WHAT TO PRODUCE: Leave the pictures out, and transcribe the material below exactly from the line with "guinzaglio e museruola" to the line with "im Set enthalten", both lines included.

◇ ◇ ◇

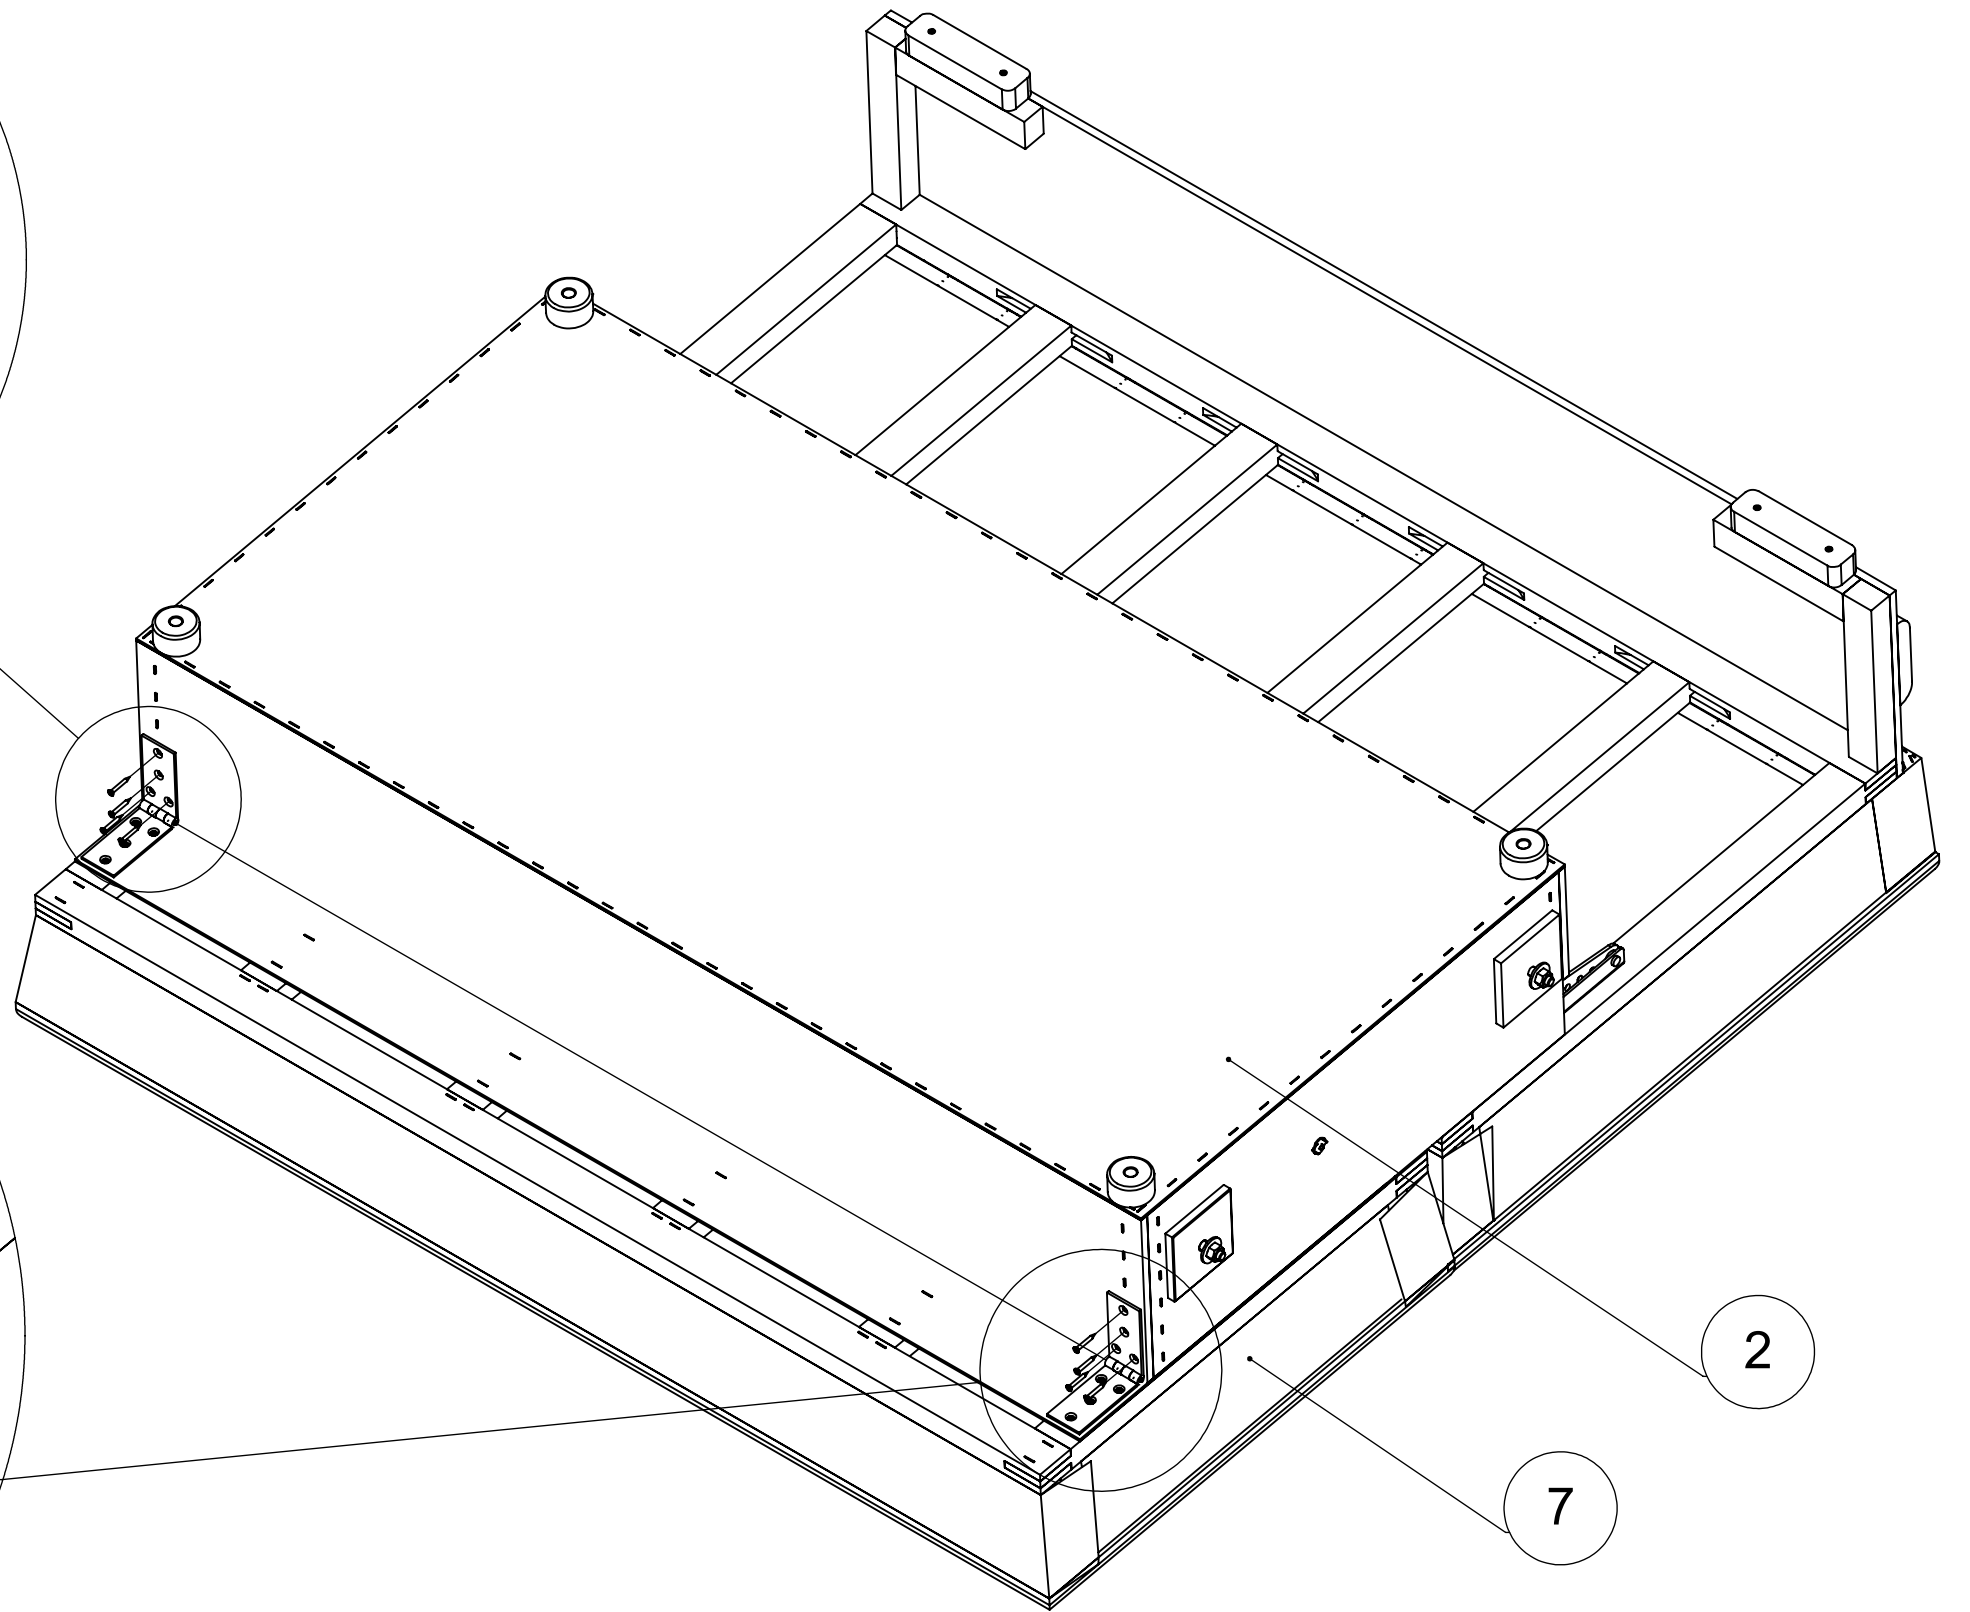

УГЛОВОЙ ДИВАН ЛЕСТЕР

СХЕМА СБОРКИ

ВИД СНИЗУ

Саморез 3,8x32 - 4 шт.

Саморез 3,8x32 - 4 шт.

2

7

Саморез 3,8x32 - 4 шт.

ВИД СНИЗУ

Саморез 3,8x32 - 4 шт.

6

4

Шайба М10х35 - 1шт.
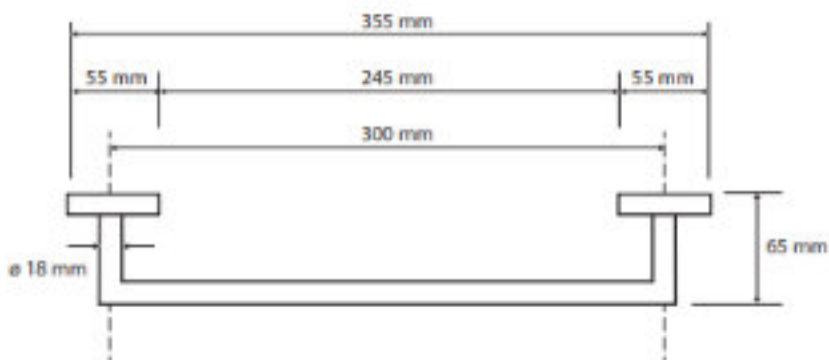

UCHWYT NA RĘCZNIK

AKC104204010, AKC104204020, AKC104204040

Opis produktu / Zastosowanie

Uchwyt na ręcznik wykonany z mosiądzu pomalowany na czarno. Dzięki wykonaniu z najwyższej jakości mosiądzu zapewnia to naszemu produktowi wytrzymałość oraz długo trwałe użytkowanie.

Dostępne są trzy długości uchwytu na ręcznik.

Poniżej znajdują się rysunki techniczne do odpowiednich wymiarów.

Opis techniczny	
Materiał	Mosiądz
Wykończenie	Czarne
Wymiary zewnętrzne (mm)	355x55x65 505x55x65 655x55x65
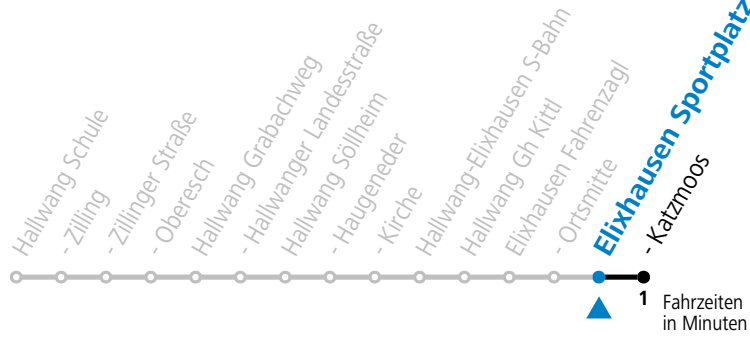

gültig ab 15.12.2024.

Alle Angaben ohne Gewähr.

Montag - Freitag

7	58
8	58
9	58
10	58
11	58^F
12	00^S 58^F
13	00^S 58
14	58
15	58
16	58
17	58
18	58
19	58

F = nur Montag bis Freitag, wenn schulfreier Werktag in Salzburg   S = nur Montag bis Freitag, wenn Schultag in Salzburg

Samstag, Sonn- und Feiertag kein Linienverkehr, am 24.12. und 31.12. kein Linienverkehr

Ferien im Bundesland Salzburg: 23.12.2024 bis 06.01.2025, 10. bis 16.02., 12.04. bis 21.04., 05.07. bis 07.09., 24.09. und 26.10. bis 02.11.2025 (Vorbehaltlich Änderungen durch die Schulbehörde)

Linienbetrieb mit Kleinbussen (ca. 20 Plätze) - ausgenommen Fahrten, die mit S gekennzeichnet sind!
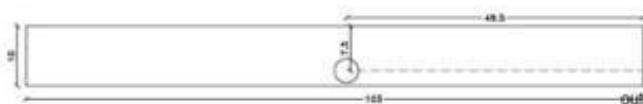

طلایی

استیل

مشکی

سوئیچ مهمان

اتاق پسر

اتاق دختر

مستر

مستر

طیفه نهم
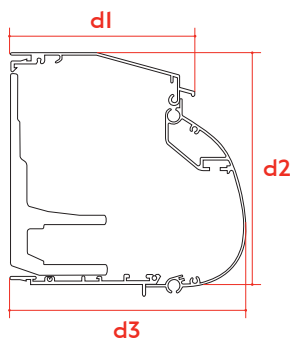

Doek

De bovenzijde van het voorbeeld uit de doekcollectie komt overeen met de bovenkant van de zonnetent. Bij omgekeerd gebruik dient dit duidelijk te worden vermeld bij de bestelling. Zie voor meer info over het gebruik van de doeken de technische fiche van onze doeken.

Bediening

De bediening van WPA0100 is enkel elektrisch, aangestuurd met een schakelaar op de muur of een afstandsbediening.

Kast

De kast is opgebouwd uit 2 delen. Een cassette en een voorprofiel. De cassette van de President is standaard zonder rug. Als voorprofiel kan u kiezen tussen een rechte of een ronde versie.

WPA0100 - Rond

d1: 160 mm
d2: 197 mm
d3: 200 mm

WPA0100 - Recht

d1: 160 mm
d2: 197 mm
d3: 189 mm

Hellingsgraad

De hellingshoogte is afhankelijk van de hellingsgraad.

| Hellingsgraad | Uitval | | | | |
|---------------|----------------|------|------|------|------|
| | 1500 | 2000 | 2500 | 3000 | 3500 |
| | Hellingshoogte | | | | |
| 5° | 300 | 350 | 390 | 430 | 480 |
| 10° | 430 | 520 | 600 | 690 | 780 |
| 15° | 560 | 690 | 820 | 950 | 1080 |
| 20° | 680 | 850 | 1030 | 1200 | 1370 |
| 25° | 800 | 1020 | 1230 | 1440 | 1650 |
| 30° | 920 | 1170 | 1420 | 1670 | 1920 |
| 35° | 1030 | 1320 | 1600 | 1890 | 2180 |
| 40° | 1140 | 1460 | 1780 | 2100 | 2420 |
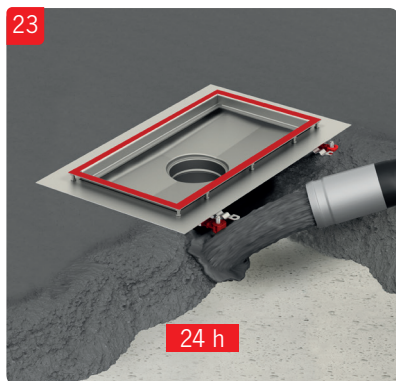

ACO Collect Box[®]

Installationsanvisning för betong, massa, plastmatta och klinkergolv.

OBS!

Demontera inte vattenlås vid installation. Viktigt att säkerställa att överdel inte pressas för långt ner i underdel och på detta sätt flyttar vattenlåspackningen ur sin position.

OBS!

Demontera inte vattenlås vid installation. Viktigt att säkerställa att överdel inte pressas för långt ner i underdel och på detta sätt flyttar vattenlåspackningen ur sin position.

OBS!

Demontera inte vattenlås vid installation. Viktigt att säkerställa att överdel inte pressas för långt ner i underdel och på detta sätt flyttar vattenlåspackningen ur sin position.

OBS!

Demontera inte vattenlås vid installation. Viktigt att säkerställa att överdel inte pressas för långt ner i underdel och på detta sätt flyttar vattenlåspackningen ur sin position.

ACO. The future of drainage.
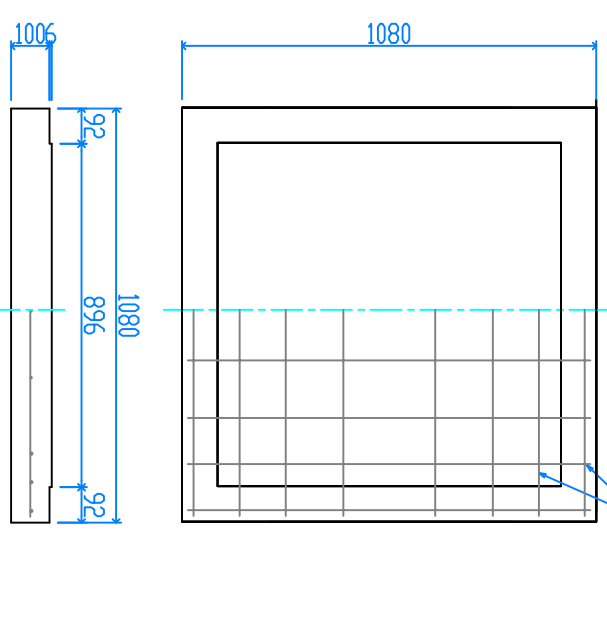

組立参考図

名称	パネル型 900□X1200		
品番	U90120AB		
総重量	1368kg		
備考			
作成日	H26.7.10	縮尺	1/20
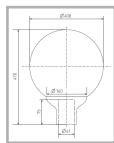

ГТУ06-35-005 УХЛ1 Шар (прозрачн.)

Код 05953

Особенности

- Массовый сегмент. Классическая форма
- Ударопрочное защитное стекло: светостабилизированный поликарбонат, сохраняет коэффициент пропускания с течением времени
- Основание: термостойкая ударопрочная пластмасса
- Слепящее действие сведено к минимуму
- Цветовая температура, цветопередача и световой поток определяются лампой. Лампа в комплект поставки не входит.

Цвет

По умолчанию:
Серый

Покраска
в любой цвет

Характеристики

Электрические			
Номинальная мощность	35 Вт	Напряжение сети	230 ± 10% В
Частота питания	50 ± 10% Гц	Коэффициент мощности, не менее	0,85
Класс защиты от поражения электрическим током	1		
Светотехнические			
Световой поток	3300 лм	Коэффициент полезного действия	69 %
Тип КСС	круглосимметричная полуширокая/полуширокая		
Эксплуатационные			
Тип источника света	ДРИ	Количество основных источников света	1
Патрон	G12	Климатическое исполнение	УХЛ1
Степень защиты светильника	IP54	Степень защиты оптического отсека	IP54
Масса	4,4 кг	Габариты ДхВ	400х470 мм
Срок службы светильника	10 лет	Гарантийный срок	18 мес
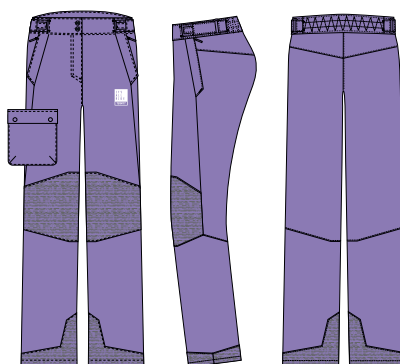

V1 лавандовый
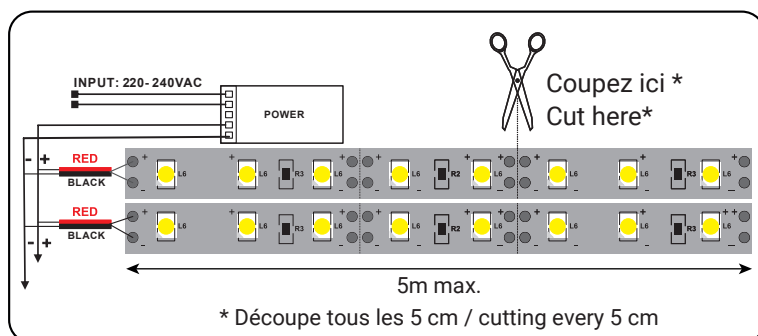

Connexion

*nouveau classement énergétique conforme à la réglementation en vigueur depuis le 01/09/2021

*Les produits présentés dans les documents, offres commerciales, catalogues ou fiches techniques sont soumis à modification sans préavis.
Les caractéristiques ne deviennent contractuelles qu'après accord écrit de la direction de MIIDEX LIGHTING.*
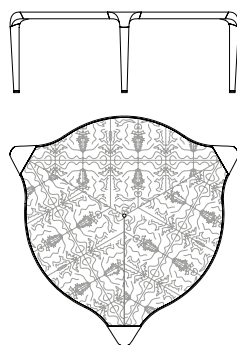

# ERASMO

Tavolo rotondo a tre gambe in massiccio di noce canaletto. La struttura del piano è in alveolare di legno e alluminio mentre i piani sono disponibili in tre versioni:

- impiallacciatura di ebano macassar fin. 34;
- pedulo di noce;
- cristallo colore glacé.

- ebony macassar veneer fin. 34;
- walnut cluster;
- glacé crystal glass.

The leg tips and the central plate are in satin finished nickel-plated metal.

## 51560

Piano in ebano macassar  
Top in ebony macassar  
Ø cm 180 x h 73  
Ø in 70 5/8 x h 28 3/4

(Ingombro totale/total size)  
Ø cm 240  
Ø in 94 1/2

(Superficie utilizzabile/Usable surface)  
Ø cm 180  
Ø in 70 5/8

## 51561

Piano in pedulo di noce  
Top in walnut cluster  
Ø cm 180 x h 73  
Ø in 70 5/8 x h 28 3/4

(Ingombro totale/total size)  
Ø cm 240  
Ø in 94 1/2

(Superficie utilizzabile/Usable surface)  
Ø cm 180  
Ø in 70 5/8
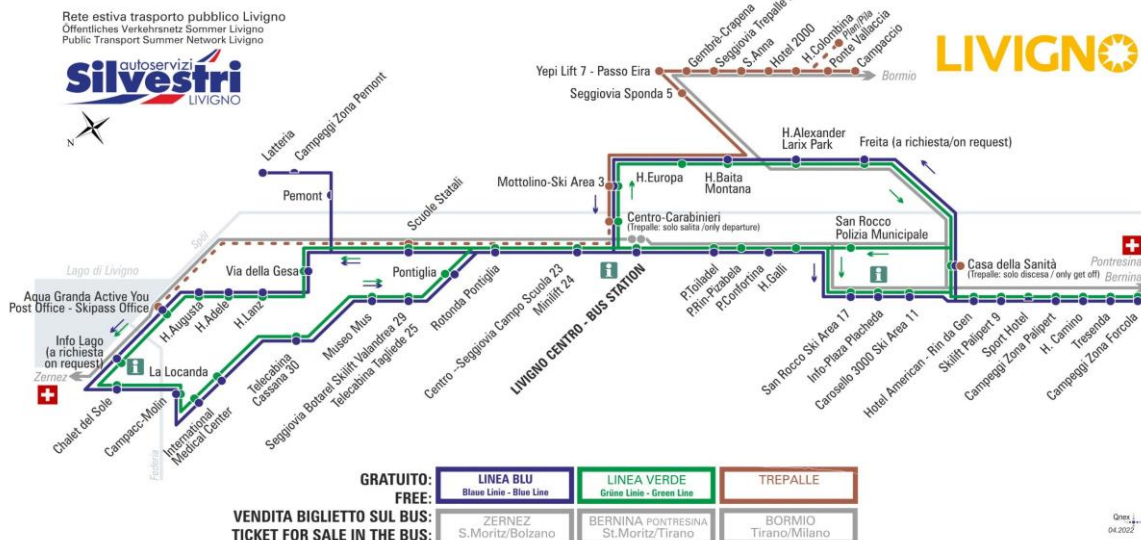

FERMATA
BUS STOP
HALTESTELLE

Tresenda

STAGIONE ESTIVA | SUMMER SEASON | SOMMERSAISON
MAGGIO-GIUGNO

LINEA BLU Blau Linie - Blue Line

Tresenda

Dir. Hotel Camino

08:28 09:18 10:08 10:58 11:48 12:33 13:28 14:18
15:08 15:58 16:48 17:38 18:28 19:18 20:08

LINEA VERDE Grüne Linie - Green Line

Tresenda

Dir. Hotel Camino

07:26 08:02 08:49 09:37 10:27 11:17 12:02 12:47
13:42 14:32 15:22 16:12 17:02 17:52 18:42 19:32
20:22

ANIMALI AMMESSI
a discrezione del conducente
OBBLIGO
guinzaglio e museruola

facebook.com/silvestribus

non occorre biglietto | no ticket required | keine Fahrkarte erforderlich
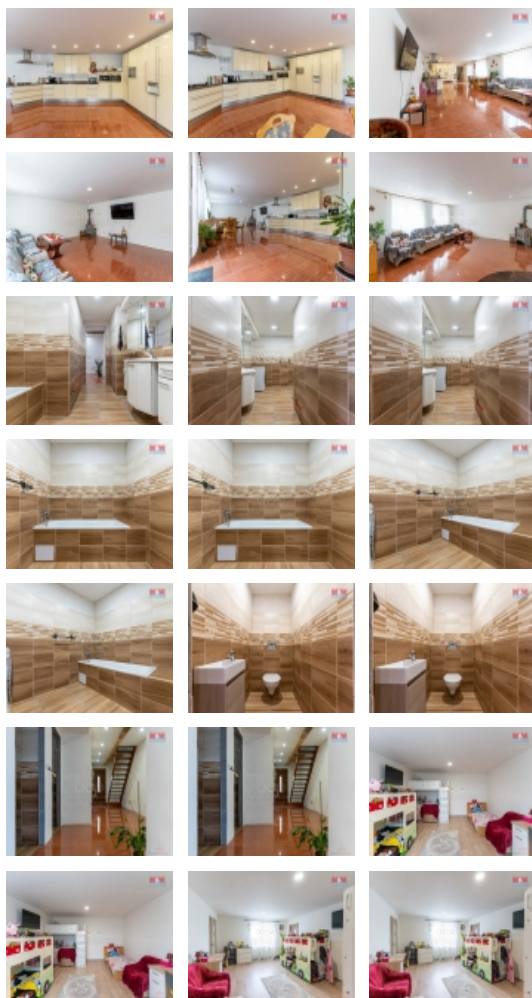

Informace o nemovitosti

Počet podlaží objektu	1
Stav objektu	velmi dobrý
Vlastnictví	osobní
Vlastní pozemek (m²)	503
Umístění objektu	centrum
Topení	Lokální - plynové Lokální - tuhá paliva Lokální - elektrické
Doprava	silnice autobus
Elektřina	230 V
Voda	dálkový vodovod
Odpad	Městská kanalizace
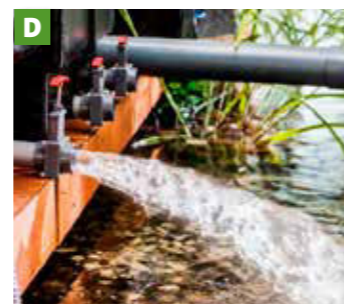

✓ = im Set enthalten

	Sansai-Spezialbürsten	Japan-Filtermatten	Filterstart-Bakterien	Phosphat-Binder	Spezial-Filtersubstrat	Zeolith 20kg
F322-00	9 x ✓	4 x ✓	1000 g ✓	1000 ml ✓	20 kg ✓	-
F323-00	12 x ✓	9 x ✓	1000 g ✓	1000 ml ✓	20 kg ✓	20 kg ✓

◇ ◇ ◇

EXPECTED ANSWER:
guinzaglio e museruola

facebook.com/silvestribus

non occorre biglietto | no ticket required | keine Fahrkarte erforderlich

Informace o nemovitosti

Počet podlaží objektu	1
Stav objektu	velmi dobrý
Vlastnictví	osobní
Vlastní pozemek (m²)	503
Umístění objektu	centrum
Topení	Lokální - plynové Lokální - tuhá paliva Lokální - elektrické
Doprava	silnice autobus
Elektřina	230 V
Voda	dálkový vodovod
Odpad	Městská kanalizace

✓ = im Set enthalten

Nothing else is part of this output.